Source material:
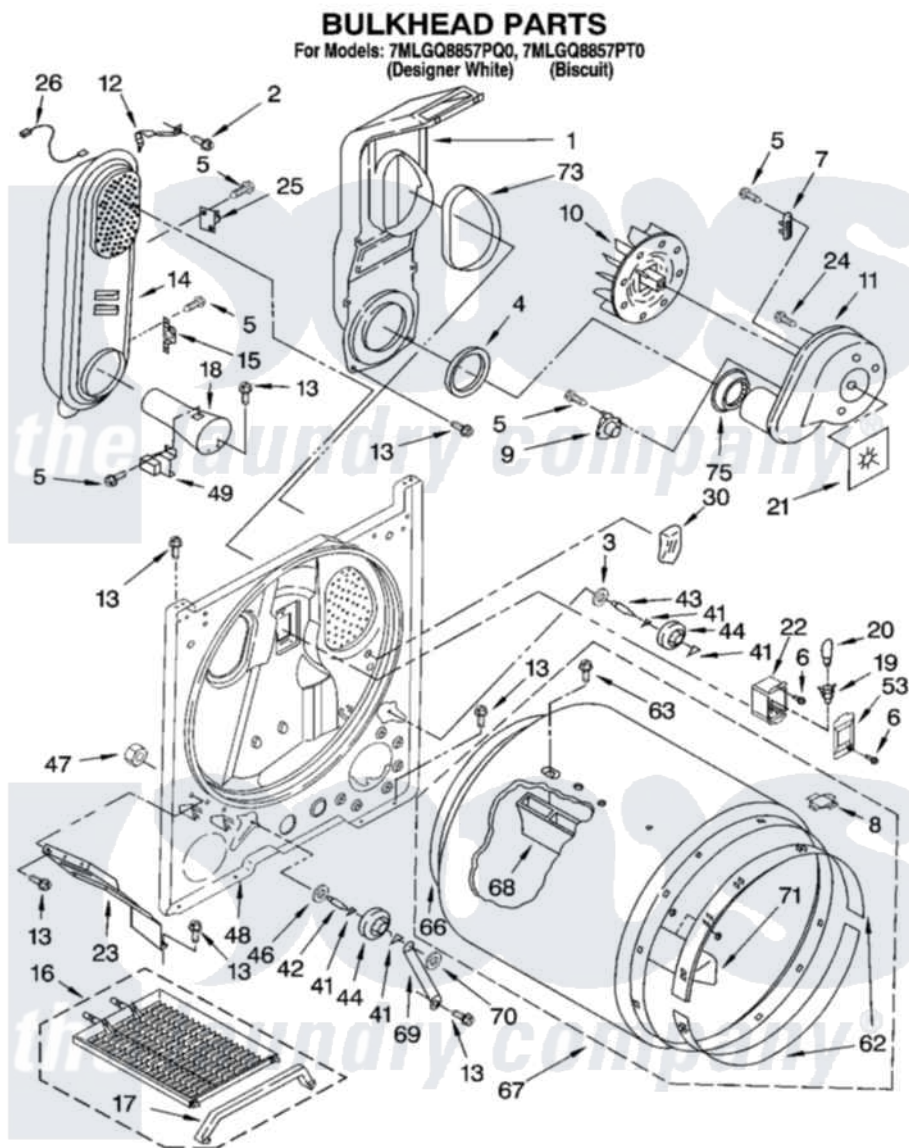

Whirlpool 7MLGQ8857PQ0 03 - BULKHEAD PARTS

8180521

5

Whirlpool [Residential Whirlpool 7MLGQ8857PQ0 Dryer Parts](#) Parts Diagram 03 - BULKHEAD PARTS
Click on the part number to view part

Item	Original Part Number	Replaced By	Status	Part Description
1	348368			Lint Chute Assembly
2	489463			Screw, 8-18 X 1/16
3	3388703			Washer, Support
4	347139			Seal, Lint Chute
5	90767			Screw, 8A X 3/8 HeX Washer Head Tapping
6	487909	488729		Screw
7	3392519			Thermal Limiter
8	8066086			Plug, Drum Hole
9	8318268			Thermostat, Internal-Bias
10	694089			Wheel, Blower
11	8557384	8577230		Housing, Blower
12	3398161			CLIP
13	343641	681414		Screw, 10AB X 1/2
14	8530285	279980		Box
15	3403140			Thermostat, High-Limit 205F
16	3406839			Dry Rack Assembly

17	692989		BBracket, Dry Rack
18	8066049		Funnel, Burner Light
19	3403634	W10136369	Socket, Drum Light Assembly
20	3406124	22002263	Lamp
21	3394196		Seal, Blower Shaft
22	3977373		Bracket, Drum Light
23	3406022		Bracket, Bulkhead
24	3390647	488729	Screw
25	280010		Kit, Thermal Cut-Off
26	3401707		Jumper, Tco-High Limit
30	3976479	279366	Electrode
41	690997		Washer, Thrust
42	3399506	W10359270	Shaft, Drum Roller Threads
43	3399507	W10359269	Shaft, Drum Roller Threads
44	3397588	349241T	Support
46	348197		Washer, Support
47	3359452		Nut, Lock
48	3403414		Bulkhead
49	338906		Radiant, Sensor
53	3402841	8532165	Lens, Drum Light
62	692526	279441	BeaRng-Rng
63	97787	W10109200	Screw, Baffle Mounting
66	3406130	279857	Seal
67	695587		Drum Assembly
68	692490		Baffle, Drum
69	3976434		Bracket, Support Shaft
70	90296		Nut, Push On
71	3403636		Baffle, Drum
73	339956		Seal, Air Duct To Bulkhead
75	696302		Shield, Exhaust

Exercise objective:
Write the listing above out again exactly, dropping each image.

Result:
Whirlpool 7MLGQ8857PQ0 03 - BULKHEAD PARTS

8180521

5

Whirlpool [Residential Whirlpool 7MLGQ8857PQ0 Dryer Parts](#) Parts Diagram 03 - BULKHEAD PARTS
Click on the part number to view part

Item	Original Part Number	Replaced By	Status	Part Description
1	348368			Lint Chute Assembly
2	489463			Screw, 8-18 X 1/16
3	3388703			Washer, Support
4	347139			Seal, Lint Chute
5	90767			Screw, 8A X 3/8 HeX Washer Head Tapping
6	487909	488729		Screw
7	3392519			Thermal Limiter
8	8066086			Plug, Drum Hole
9	8318268			Thermostat, Internal-Bias
10	694089			Wheel, Blower
11	8557384	8577230		Housing, Blower
12	3398161			CLIP
13	343641	681414		Screw, 10AB X 1/2
14	8530285	279980		Box
15	3403140			Thermostat, High-Limit 205F
16	3406839			Dry Rack Assembly

17	692989		BBracket, Dry Rack
18	8066049		Funnel, Burner Light
19	3403634	W10136369	Socket, Drum Light Assembly
20	3406124	22002263	Lamp
21	3394196		Seal, Blower Shaft
22	3977373		Bracket, Drum Light
23	3406022		Bracket, Bulkhead
24	3390647	488729	Screw
25	280010		Kit, Thermal Cut-Off
26	3401707		Jumper, Tco-High Limit
30	3976479	279366	Electrode
41	690997		Washer, Thrust
42	3399506	W10359270	Shaft, Drum Roller Threads
43	3399507	W10359269	Shaft, Drum Roller Threads
44	3397588	349241T	Support
46	348197		Washer, Support
47	3359452		Nut, Lock
48	3403414		Bulkhead
49	338906		Radiant, Sensor
53	3402841	8532165	Lens, Drum Light
62	692526	279441	BeaRng-Rng
63	97787	W10109200	Screw, Baffle Mounting
66	3406130	279857	Seal
67	695587		Drum Assembly
68	692490		Baffle, Drum
69	3976434		Bracket, Support Shaft
70	90296		Nut, Push On
71	3403636		Baffle, Drum
73	339956		Seal, Air Duct To Bulkhead
75	696302		Shield, Exhaust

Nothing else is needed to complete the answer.